→ **Prompt**: If a line in the records below contains the word "Sada", copy it.

→ **Records supplied**:
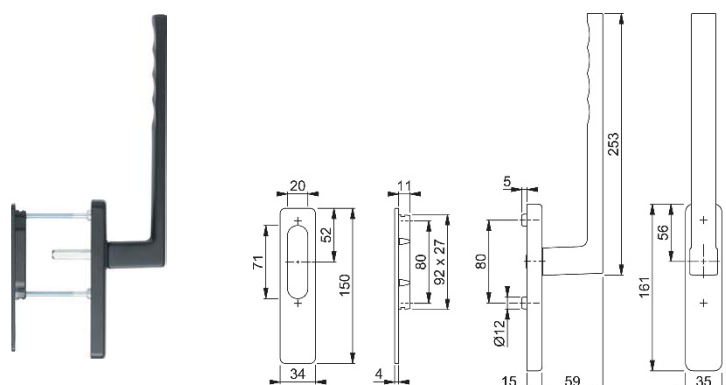

KLIKY PRO ZDVIŽNĚ - POSUVNÁ OKNA A BALKONOVÉ DVEŘE (HS) - HOPPE

7	Sada kliky - madlo (mušle) Toulon bez otvoru pro zámk. vložku hloubka křídla 75 - 80 mm	Obj. číslo	Cena [Kč/ks]
	K-M přírodní stříbrná F01	11600445	1 259
	K-M bronz F04	11600482	1 499
	K-M hliník ocel F09	11600494	1 486
	K-M imitace nerez F31-1	11700762	2 184
	K-M dopravní bílá F9016	11600524	1 228
	K-M černá matná F9714M	11645325	1 324
159	Spojovací materiál pro větší hloubku křídla	Obj. číslo	Cena [Kč/ks]
	87 - 92 mm	212-00131	55,70
	93 - 95 mm	212-00132	55,70
7	Venkovní mušle hranatá	Obj. číslo	Cena [Kč/ks]
	Přírodní stříbrná F01	3866467	321
	Bronz F04	10774456	na dotaz
	Hliník ocel F09	3866539	325
	Černá matná F9714M	11829898	335

Klíky jsou 2-polohové (aretace po 180°).
 Uvedené ceny jsou bez DPH.

KLIKY PRO ZDVIŽNĚ - POSUVNÁ OKNA A BALKONOVÉ DVEŘE (HS) - HOPPE *

7	Sada klika - klika Toulon hloubka křídla 75 - 80 mm	Obj. číslo	Cena [Kč/ks]
	K-K přírodní stříbrná F01	11600238	3 442
	K-K bronz F04	11600275	4 036
	K-K hliník ocel F09	11600299	4 036
	K-K imitace nerez F31-1	11850334+11850346	4 591
	K-K dopravní bílá F9016	11600287	3 684
	K-K černá matná F9714M	11645295	4 130

159	Spojovací materiál pro větší hloubku křídla	Obj. číslo	Cena [Kč/ks]
	87 - 92 mm	212-00127	55,10
	93 - 95 mm	212-00128	55,10

* na objednávku (4 - 6 týdnů)

Kliky jsou 2-polohové (aretace po 180°).
 Uvedené ceny jsou bez DPH.

KLIKY PRO ZDVIŽNĚ - POSUVNÁ OKNA A BALKONOVÉ DVEŘE (HS) - HOPPE

7	Sada klika - madlo (mušle) Tôkyô bez otvoru pro zámek, vložku hloubka křídla 75 - 80 mm	Obj. číslo	Cena [Kč/ks]
	K-M přírodní stříbrná F01	11620183	2 697
	K-M bronz F04	11620328	2 290
	K-M hliník ocel F09	11620365	2 805
	K-M dopravní bílá F9016	11621576	2 806
159	Spojovací materiál pro větší hloubku křídla	Obj. číslo	Cena [Kč/ks]
	87 - 92 mm	212-00131	55,70
	93 - 95 mm	212-00132	55,70
7	Venkovní mušle oválná	Obj. číslo	Cena [Kč/ks]
	Přírodní stříbrná F01	3152430	469
	Bronz F04	3497323	509
	Hliník ocel F09	3152472	554

→ **The completed task**:
7	Sada kliky - madlo (mušle) Toulon bez otvoru pro zámk. vložku hloubka křídla 75 - 80 mm	Obj. číslo	Cena [Kč/ks]
7	Sada klika - klika Toulon hloubka křídla 75 - 80 mm	Obj. číslo	Cena [Kč/ks]
7	Sada klika - madlo (mušle) Tôkyô bez otvoru pro zámek, vložku hloubka křídla 75 - 80 mm	Obj. číslo	Cena [Kč/ks]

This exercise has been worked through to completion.